Extracted material |
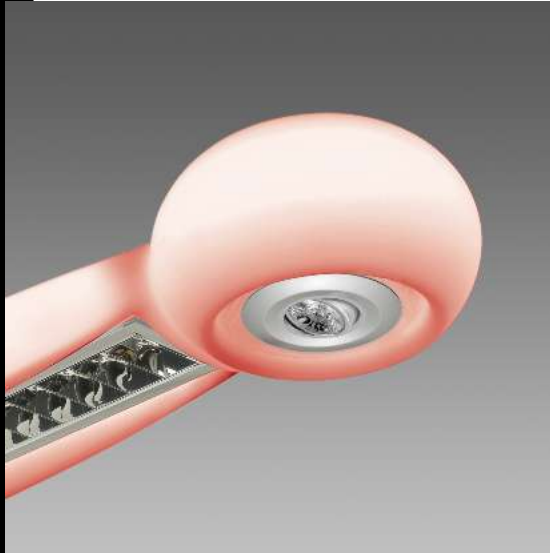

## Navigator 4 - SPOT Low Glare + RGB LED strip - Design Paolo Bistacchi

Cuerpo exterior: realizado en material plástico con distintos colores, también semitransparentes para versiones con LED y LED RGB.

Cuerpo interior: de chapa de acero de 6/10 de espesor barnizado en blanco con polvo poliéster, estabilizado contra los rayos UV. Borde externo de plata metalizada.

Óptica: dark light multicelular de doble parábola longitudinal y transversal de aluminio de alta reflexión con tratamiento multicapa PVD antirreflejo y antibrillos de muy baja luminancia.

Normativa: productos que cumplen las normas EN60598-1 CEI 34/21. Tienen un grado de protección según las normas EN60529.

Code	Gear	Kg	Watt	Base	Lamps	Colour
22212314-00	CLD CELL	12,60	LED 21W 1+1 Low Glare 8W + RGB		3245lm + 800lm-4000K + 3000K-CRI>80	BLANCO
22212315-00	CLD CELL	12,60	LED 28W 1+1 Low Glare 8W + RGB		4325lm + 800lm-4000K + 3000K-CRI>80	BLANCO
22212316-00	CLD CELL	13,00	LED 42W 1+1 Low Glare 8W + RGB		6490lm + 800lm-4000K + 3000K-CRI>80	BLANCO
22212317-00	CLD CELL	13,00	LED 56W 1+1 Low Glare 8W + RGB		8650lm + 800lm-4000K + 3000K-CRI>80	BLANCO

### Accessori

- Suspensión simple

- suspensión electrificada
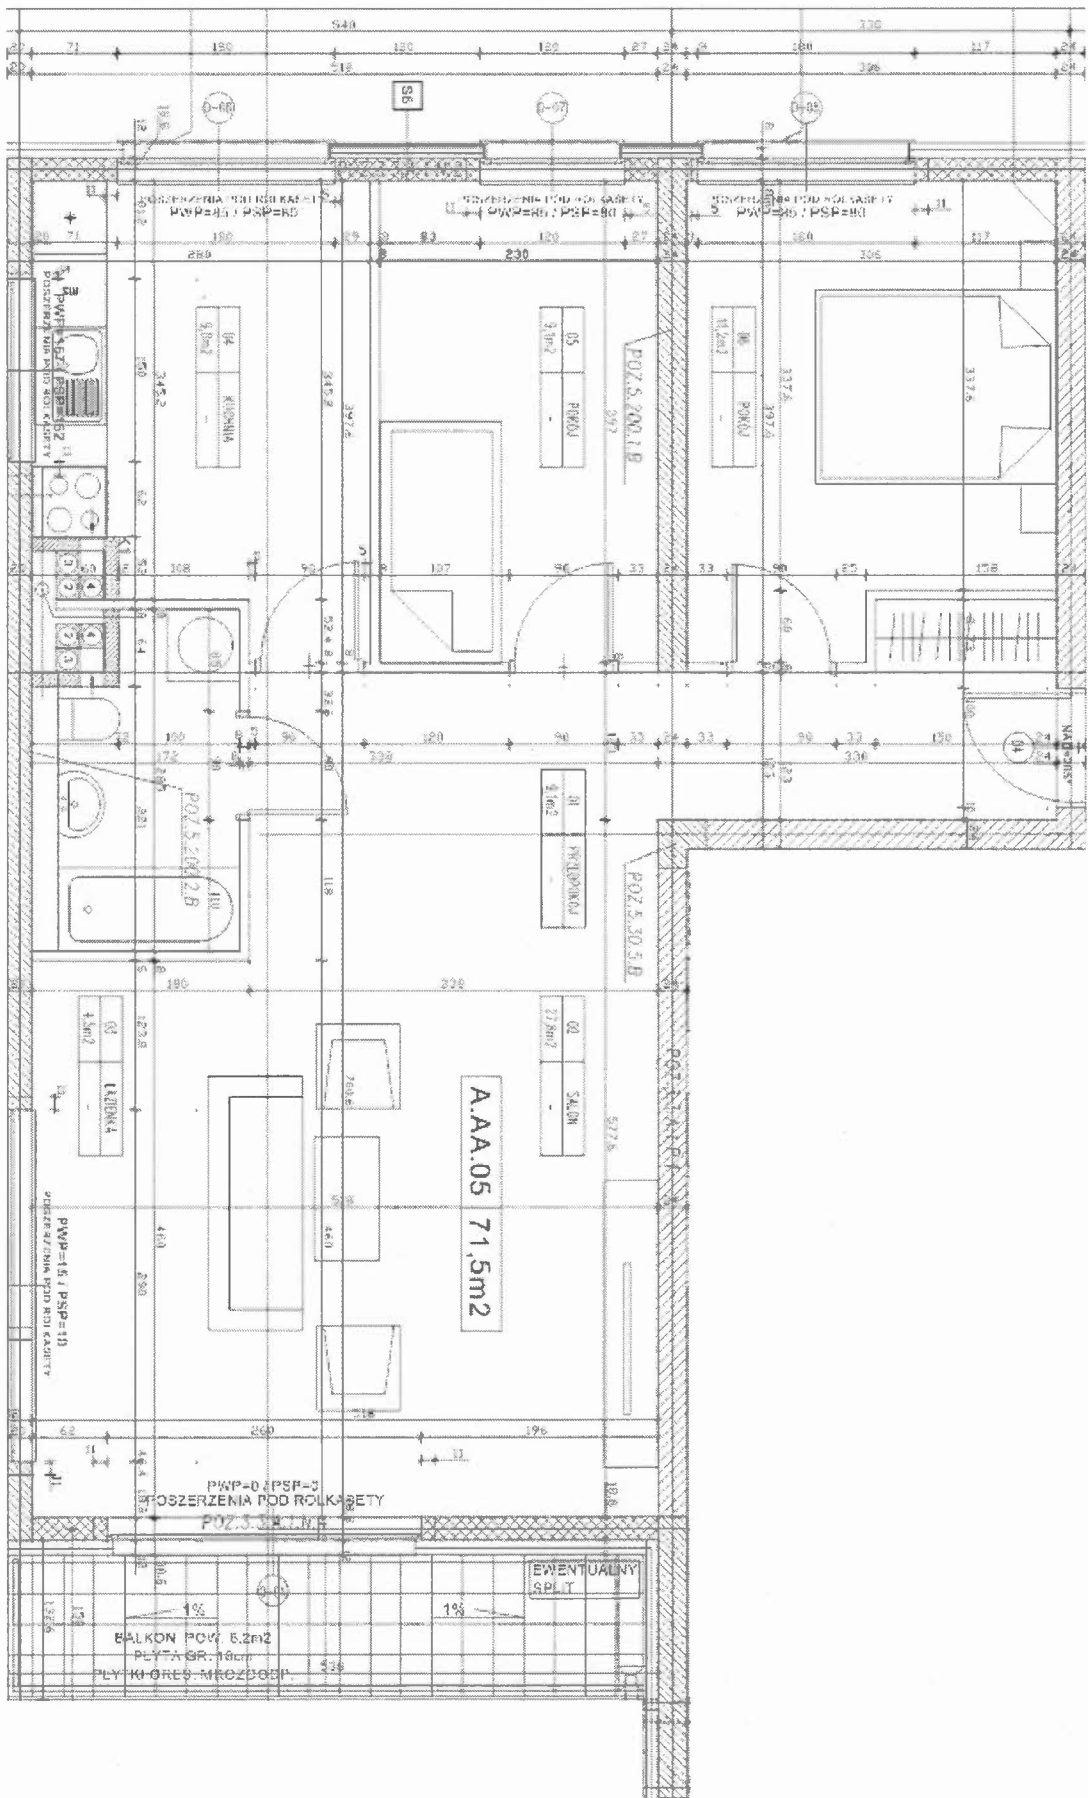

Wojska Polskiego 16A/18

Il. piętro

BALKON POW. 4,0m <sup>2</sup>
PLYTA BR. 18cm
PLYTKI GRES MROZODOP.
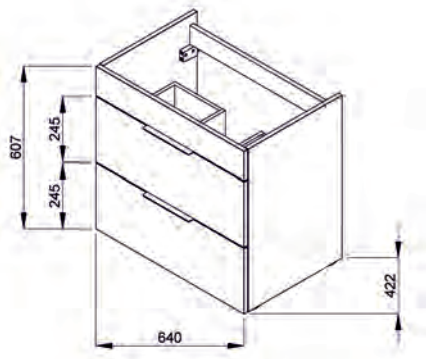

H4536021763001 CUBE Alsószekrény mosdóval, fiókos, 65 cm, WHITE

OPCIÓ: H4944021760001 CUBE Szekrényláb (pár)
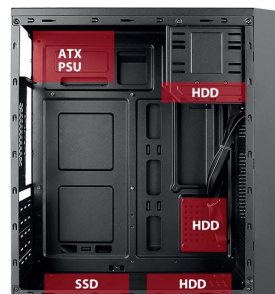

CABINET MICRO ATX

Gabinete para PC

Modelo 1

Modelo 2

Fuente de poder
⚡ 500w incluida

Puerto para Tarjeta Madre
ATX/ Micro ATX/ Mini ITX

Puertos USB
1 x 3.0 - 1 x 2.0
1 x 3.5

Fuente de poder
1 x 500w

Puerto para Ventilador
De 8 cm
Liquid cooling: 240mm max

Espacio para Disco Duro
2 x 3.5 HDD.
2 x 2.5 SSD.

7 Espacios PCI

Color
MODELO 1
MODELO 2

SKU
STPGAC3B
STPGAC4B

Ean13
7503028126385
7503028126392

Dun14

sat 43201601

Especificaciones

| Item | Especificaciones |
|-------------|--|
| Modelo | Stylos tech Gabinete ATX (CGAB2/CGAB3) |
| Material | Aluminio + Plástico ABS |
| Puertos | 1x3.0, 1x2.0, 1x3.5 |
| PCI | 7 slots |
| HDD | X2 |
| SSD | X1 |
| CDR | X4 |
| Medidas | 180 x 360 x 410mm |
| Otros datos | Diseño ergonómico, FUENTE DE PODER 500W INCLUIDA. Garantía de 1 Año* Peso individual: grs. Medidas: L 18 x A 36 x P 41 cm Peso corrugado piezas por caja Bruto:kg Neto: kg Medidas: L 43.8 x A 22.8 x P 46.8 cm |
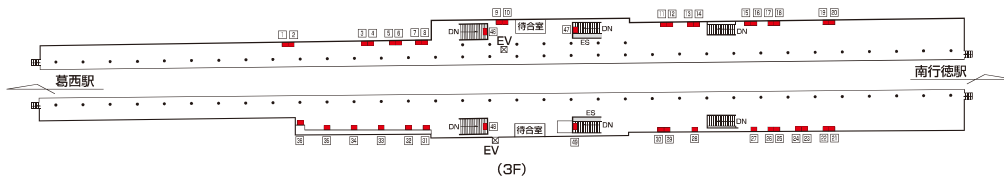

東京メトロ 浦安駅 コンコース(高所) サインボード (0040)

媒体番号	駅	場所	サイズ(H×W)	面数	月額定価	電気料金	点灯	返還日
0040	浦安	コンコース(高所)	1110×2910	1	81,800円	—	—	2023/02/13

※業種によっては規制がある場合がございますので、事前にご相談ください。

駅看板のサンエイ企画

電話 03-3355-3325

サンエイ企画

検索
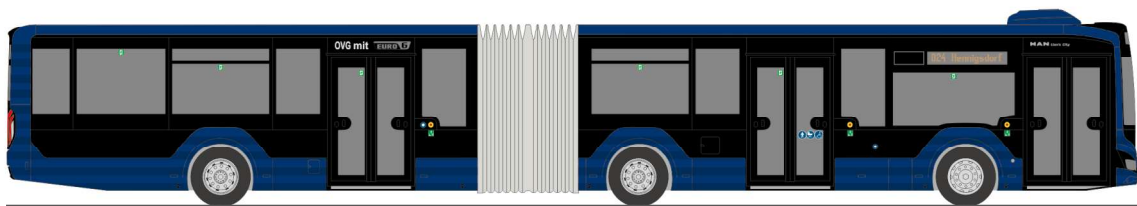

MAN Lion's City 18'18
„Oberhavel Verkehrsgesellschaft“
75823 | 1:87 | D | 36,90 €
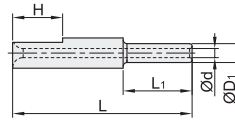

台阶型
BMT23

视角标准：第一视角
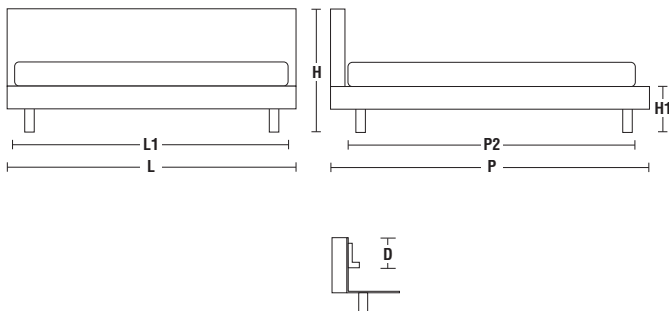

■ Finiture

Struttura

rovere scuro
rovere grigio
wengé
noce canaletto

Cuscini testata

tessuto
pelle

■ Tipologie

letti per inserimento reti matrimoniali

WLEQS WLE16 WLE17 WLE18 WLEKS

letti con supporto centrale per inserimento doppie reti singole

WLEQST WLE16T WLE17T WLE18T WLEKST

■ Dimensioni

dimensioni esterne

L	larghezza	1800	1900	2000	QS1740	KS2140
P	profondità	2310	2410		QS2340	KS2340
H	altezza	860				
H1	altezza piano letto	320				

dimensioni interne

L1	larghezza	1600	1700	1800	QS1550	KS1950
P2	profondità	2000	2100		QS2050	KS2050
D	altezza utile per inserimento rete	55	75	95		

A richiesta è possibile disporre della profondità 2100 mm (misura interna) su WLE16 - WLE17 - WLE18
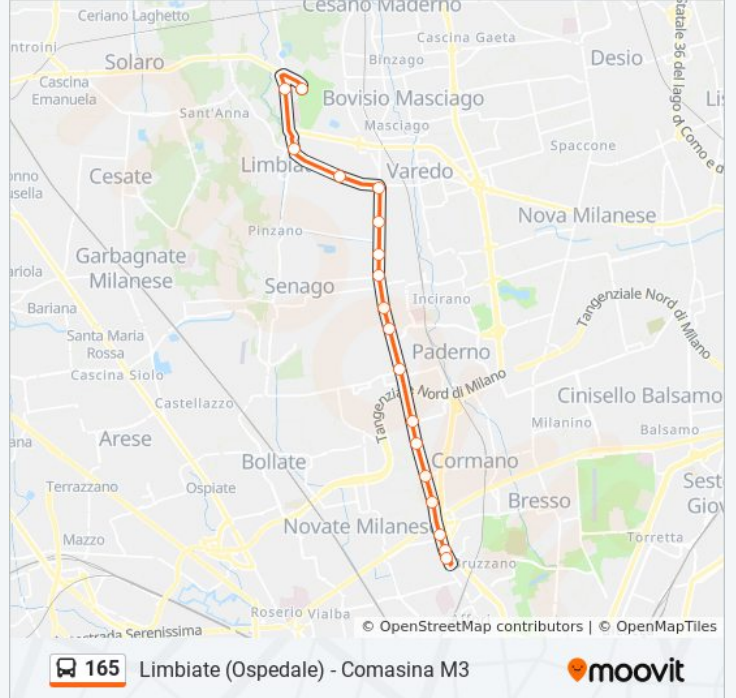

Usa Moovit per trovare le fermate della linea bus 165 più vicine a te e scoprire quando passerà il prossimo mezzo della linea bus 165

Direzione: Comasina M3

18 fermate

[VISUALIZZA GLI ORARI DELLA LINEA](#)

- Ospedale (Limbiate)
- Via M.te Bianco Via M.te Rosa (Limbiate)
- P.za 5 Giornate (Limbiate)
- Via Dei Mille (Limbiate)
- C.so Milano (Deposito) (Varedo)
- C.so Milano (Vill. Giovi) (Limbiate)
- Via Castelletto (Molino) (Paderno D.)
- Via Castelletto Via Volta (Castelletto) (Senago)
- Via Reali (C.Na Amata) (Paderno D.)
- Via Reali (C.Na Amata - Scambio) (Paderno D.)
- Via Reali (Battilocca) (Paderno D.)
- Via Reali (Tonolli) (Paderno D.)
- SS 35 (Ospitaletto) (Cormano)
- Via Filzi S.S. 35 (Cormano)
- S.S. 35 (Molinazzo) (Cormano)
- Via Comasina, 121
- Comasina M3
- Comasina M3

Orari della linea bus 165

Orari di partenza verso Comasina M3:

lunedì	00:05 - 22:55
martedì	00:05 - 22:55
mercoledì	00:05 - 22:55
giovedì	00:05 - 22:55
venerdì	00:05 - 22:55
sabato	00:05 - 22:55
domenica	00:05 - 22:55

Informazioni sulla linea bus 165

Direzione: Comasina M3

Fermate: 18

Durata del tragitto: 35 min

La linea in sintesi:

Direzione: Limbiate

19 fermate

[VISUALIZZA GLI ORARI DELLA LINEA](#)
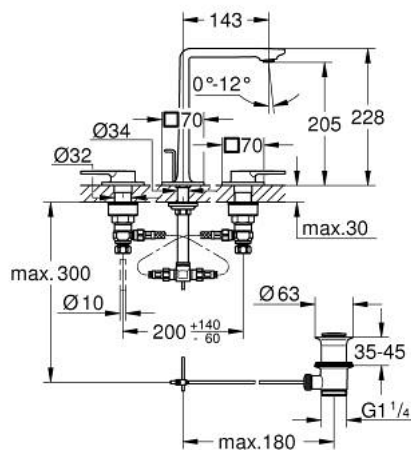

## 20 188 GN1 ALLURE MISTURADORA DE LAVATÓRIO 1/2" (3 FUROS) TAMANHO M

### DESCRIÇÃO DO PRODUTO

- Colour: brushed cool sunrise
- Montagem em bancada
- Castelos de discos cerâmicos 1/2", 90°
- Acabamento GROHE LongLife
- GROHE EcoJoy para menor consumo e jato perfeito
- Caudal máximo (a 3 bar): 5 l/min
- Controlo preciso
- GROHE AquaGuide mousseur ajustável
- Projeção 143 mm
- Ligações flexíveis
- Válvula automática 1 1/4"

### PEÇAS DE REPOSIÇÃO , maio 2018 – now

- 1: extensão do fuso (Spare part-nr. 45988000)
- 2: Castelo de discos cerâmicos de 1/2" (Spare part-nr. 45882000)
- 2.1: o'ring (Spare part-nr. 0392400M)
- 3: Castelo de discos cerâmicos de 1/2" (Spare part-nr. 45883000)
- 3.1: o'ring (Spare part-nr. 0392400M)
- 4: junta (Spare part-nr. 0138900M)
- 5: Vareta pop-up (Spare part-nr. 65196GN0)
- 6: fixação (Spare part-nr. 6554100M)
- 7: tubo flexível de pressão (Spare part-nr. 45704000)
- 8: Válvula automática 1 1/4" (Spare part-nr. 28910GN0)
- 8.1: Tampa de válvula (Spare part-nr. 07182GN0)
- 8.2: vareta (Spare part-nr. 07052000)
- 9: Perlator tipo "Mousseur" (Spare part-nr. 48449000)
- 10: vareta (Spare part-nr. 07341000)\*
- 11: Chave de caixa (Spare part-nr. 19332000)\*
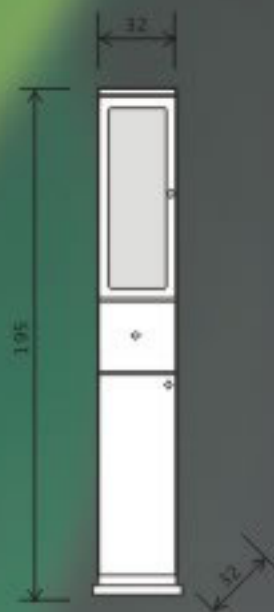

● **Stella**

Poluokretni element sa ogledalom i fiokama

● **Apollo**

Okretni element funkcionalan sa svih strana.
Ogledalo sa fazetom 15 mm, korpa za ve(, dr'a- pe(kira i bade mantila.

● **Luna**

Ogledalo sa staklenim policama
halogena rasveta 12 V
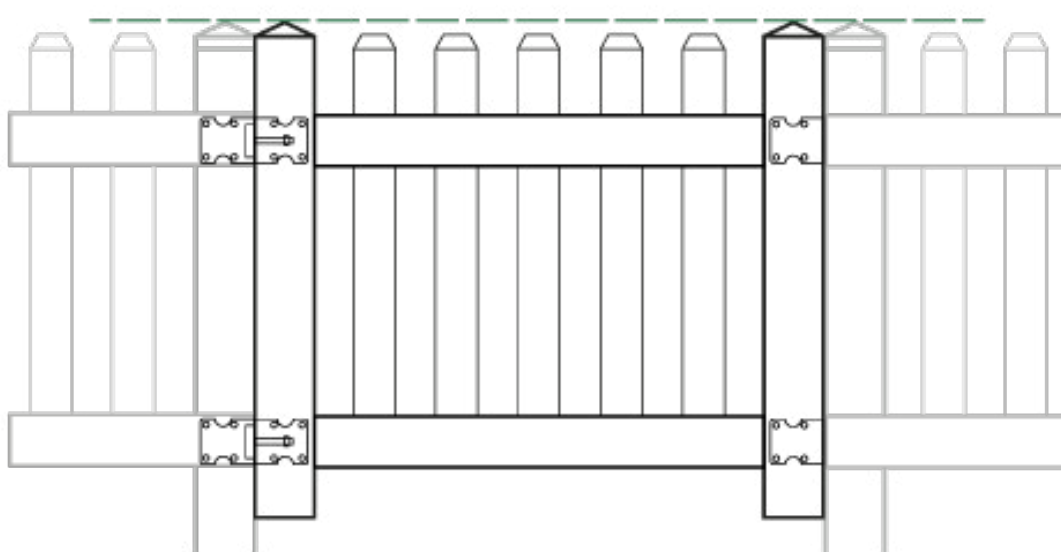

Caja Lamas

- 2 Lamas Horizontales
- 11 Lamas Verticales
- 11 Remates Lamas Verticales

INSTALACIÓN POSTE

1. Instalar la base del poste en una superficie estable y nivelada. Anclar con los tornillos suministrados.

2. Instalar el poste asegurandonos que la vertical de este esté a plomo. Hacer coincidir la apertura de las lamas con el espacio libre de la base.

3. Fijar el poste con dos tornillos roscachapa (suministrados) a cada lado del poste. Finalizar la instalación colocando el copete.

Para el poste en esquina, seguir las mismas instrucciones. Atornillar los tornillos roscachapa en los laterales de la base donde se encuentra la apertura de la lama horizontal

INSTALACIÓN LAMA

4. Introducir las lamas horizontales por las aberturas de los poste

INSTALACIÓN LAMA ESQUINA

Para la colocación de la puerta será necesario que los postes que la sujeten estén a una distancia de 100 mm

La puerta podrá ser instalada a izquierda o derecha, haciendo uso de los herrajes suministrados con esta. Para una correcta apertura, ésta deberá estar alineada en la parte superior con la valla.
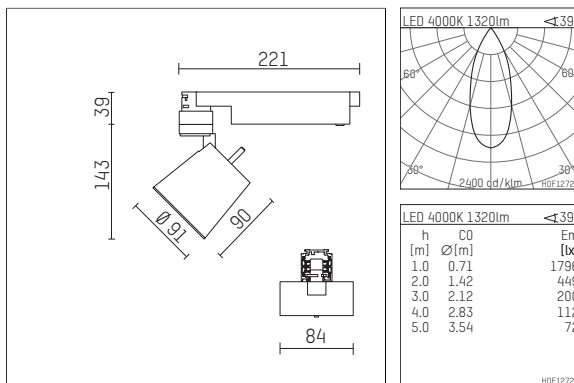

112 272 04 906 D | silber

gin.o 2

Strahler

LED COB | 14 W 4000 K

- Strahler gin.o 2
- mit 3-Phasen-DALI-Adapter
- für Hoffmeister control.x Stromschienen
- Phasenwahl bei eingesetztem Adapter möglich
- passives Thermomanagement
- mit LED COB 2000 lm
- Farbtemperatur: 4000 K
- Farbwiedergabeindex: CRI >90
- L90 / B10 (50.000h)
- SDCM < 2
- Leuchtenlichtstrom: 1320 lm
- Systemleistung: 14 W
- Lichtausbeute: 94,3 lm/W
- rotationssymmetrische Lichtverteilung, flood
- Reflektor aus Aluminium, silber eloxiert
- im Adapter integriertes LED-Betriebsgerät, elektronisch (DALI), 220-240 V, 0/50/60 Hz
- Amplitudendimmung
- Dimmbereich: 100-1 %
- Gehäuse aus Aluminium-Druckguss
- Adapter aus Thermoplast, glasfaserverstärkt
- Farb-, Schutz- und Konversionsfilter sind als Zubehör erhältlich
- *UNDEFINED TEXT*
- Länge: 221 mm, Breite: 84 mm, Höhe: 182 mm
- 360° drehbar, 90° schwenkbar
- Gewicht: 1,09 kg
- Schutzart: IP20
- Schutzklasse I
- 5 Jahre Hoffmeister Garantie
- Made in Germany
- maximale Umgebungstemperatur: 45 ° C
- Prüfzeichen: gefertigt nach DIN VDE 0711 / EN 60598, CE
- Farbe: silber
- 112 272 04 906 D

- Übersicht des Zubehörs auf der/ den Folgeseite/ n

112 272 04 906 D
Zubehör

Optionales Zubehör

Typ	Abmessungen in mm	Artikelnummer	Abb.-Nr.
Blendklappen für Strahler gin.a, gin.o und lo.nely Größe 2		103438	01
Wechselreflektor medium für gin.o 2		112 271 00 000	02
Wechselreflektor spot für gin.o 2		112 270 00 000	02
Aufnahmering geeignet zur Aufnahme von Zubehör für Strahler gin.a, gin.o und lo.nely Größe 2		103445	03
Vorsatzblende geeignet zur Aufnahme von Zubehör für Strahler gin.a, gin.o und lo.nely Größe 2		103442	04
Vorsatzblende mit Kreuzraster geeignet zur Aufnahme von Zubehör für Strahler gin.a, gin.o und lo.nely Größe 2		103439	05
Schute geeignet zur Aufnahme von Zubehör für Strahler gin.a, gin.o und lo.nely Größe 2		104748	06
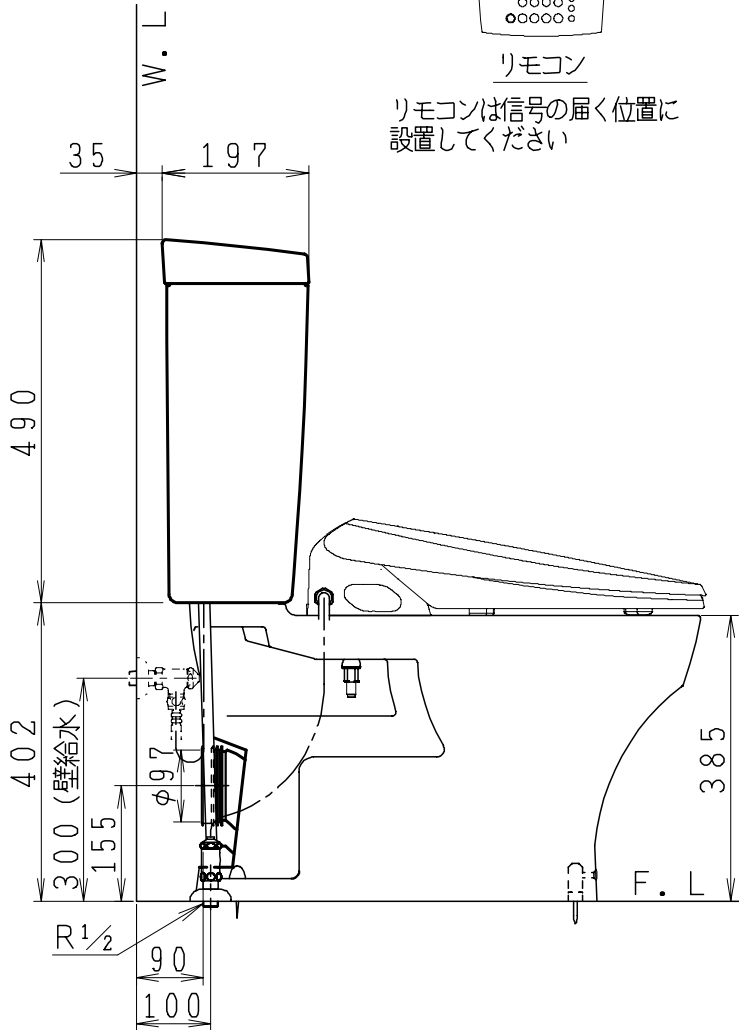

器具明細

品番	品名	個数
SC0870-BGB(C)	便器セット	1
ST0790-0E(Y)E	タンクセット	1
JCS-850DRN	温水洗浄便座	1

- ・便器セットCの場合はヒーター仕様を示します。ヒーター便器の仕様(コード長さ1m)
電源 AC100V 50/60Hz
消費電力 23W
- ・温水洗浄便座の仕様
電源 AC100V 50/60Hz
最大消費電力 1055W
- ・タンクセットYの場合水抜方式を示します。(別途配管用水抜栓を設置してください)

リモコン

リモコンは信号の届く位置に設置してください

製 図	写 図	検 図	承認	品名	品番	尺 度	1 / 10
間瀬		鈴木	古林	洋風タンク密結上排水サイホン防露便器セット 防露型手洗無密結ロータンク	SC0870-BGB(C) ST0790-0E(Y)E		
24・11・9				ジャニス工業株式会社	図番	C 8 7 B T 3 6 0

What the task asks |
Having found the line with "ATX/ Micro ATX/ Mini ITX" and the line with "noce canaletto" in the material above, write out exactly those two and every line between, leaving the pictures out.

Exercise answer |
ATX/ Micro ATX/ Mini ITX

Puertos USB
1 x 3.0 - 1 x 2.0
1 x 3.5

Fuente de poder
1 x 500w

Puerto para Ventilador
De 8 cm
Liquid cooling: 240mm max

Espacio para Disco Duro
2 x 3.5 HDD.
2 x 2.5 SSD.

7 Espacios PCI

Color
MODELO 1
MODELO 2

SKU
STPGAC3B
STPGAC4B

Ean13
7503028126385
7503028126392

Dun14

sat 43201601

Especificaciones

| Item | Especificaciones |
|-------------|--|
| Modelo | Stylos tech Gabinete ATX (CGAB2/CGAB3) |
| Material | Aluminio + Plástico ABS |
| Puertos | 1x3.0, 1x2.0, 1x3.5 |
| PCI | 7 slots |
| HDD | X2 |
| SSD | X1 |
| CDR | X4 |
| Medidas | 180 x 360 x 410mm |
| Otros datos | Diseño ergonómico, FUENTE DE PODER 500W INCLUIDA. Garantía de 1 Año* Peso individual: grs. Medidas: L 18 x A 36 x P 41 cm Peso corrugado piezas por caja Bruto:kg Neto: kg Medidas: L 43.8 x A 22.8 x P 46.8 cm |

東京メトロ 浦安駅 コンコース(高所) サインボード (0040)

媒体番号	駅	場所	サイズ(H×W)	面数	月額定価	電気料金	点灯	返還日
0040	浦安	コンコース(高所)	1110×2910	1	81,800円	—	—	2023/02/13

※業種によっては規制がある場合がございますので、事前にご相談ください。

駅看板のサンエイ企画

電話 03-3355-3325

サンエイ企画

検索

MAN Lion's City 18'18
„Oberhavel Verkehrsgesellschaft“
75823 | 1:87 | D | 36,90 €

台阶型
BMT23

视角标准：第一视角

■ Finiture

Struttura

rovere scuro
rovere grigio
wengé
noce canaletto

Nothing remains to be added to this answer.